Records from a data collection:
════

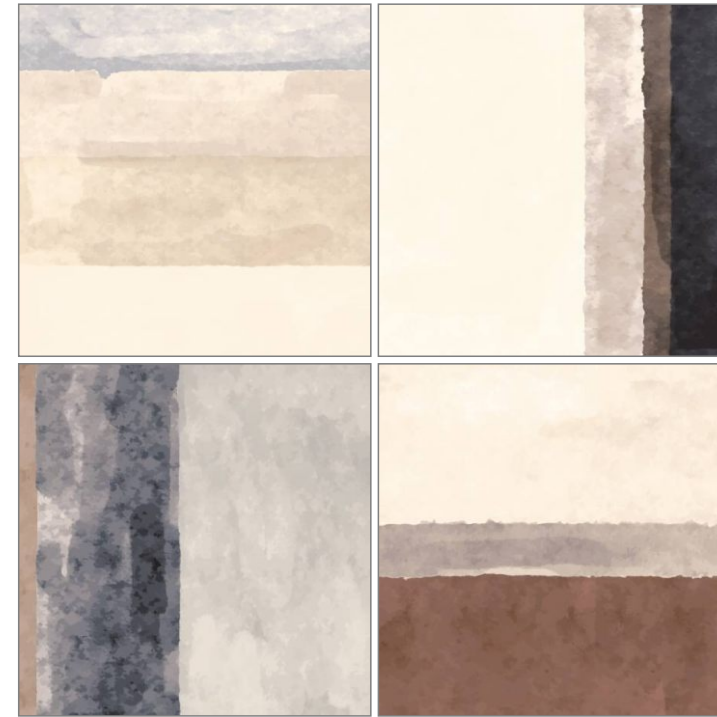

20080

FORMAT :
200X200MM

SURFACE :
MATT

AVAILABLE RANDOM
:09

VITRIFIED BODY
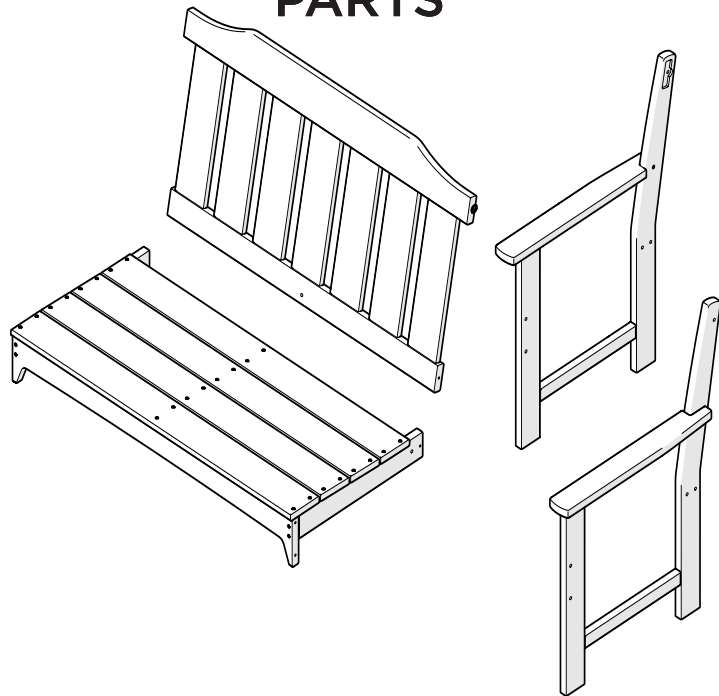

TOOLS

4mm T-handle hex key (included)

PARTS

- **A** x2
  1.75" Bolt — H.25-20X1.75
- **B** x6
  1.75" Screw — H.27X1.75
- **C** x1
  2" Screw — H.27X2
- **D** x2
  3" Screw — H.27X3

Something missing?
Call (833) 665-6300

1

════

• _Task_
If a record holds a picture, drop the picture and return the rest of it exactly.

• _Problem solution_
20080

FORMAT :
200X200MM

SURFACE :
MATT

AVAILABLE RANDOM
:09

VITRIFIED BODY

TOOLS

4mm T-handle hex key (included)

PARTS

- **A** x2
  1.75" Bolt — H.25-20X1.75
- **B** x6
  1.75" Screw — H.27X1.75
- **C** x1
  2" Screw — H.27X2
- **D** x2
  3" Screw — H.27X3

Something missing?
Call (833) 665-6300

1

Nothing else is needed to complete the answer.